WHAT YOU NEED TO DO> Write out the records in full and without alteration, setting aside their pictures.

RECORDS FOR PROCESSING>
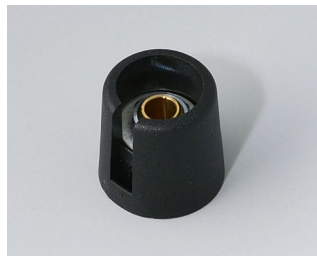

A3016048
COM-KNOBS 16, with recess
PA 6
volcano
16x16mm 4mm

A3016049
COM-KNOBS 16, with recess
PA 6
nero
16x16mm 4mm

A3016068
COM-KNOBS 16, with recess
PA 6
volcano
16x16mm 6mm

A3016069
COM-KNOBS 16, with recess
PA 6
nero
16x16mm 6mm

ANSWER BOX>
A3016048
COM-KNOBS 16, with recess
PA 6
volcano
16x16mm 4mm

A3016049
COM-KNOBS 16, with recess
PA 6
nero
16x16mm 4mm

A3016068
COM-KNOBS 16, with recess
PA 6
volcano
16x16mm 6mm

A3016069
COM-KNOBS 16, with recess
PA 6
nero
16x16mm 6mm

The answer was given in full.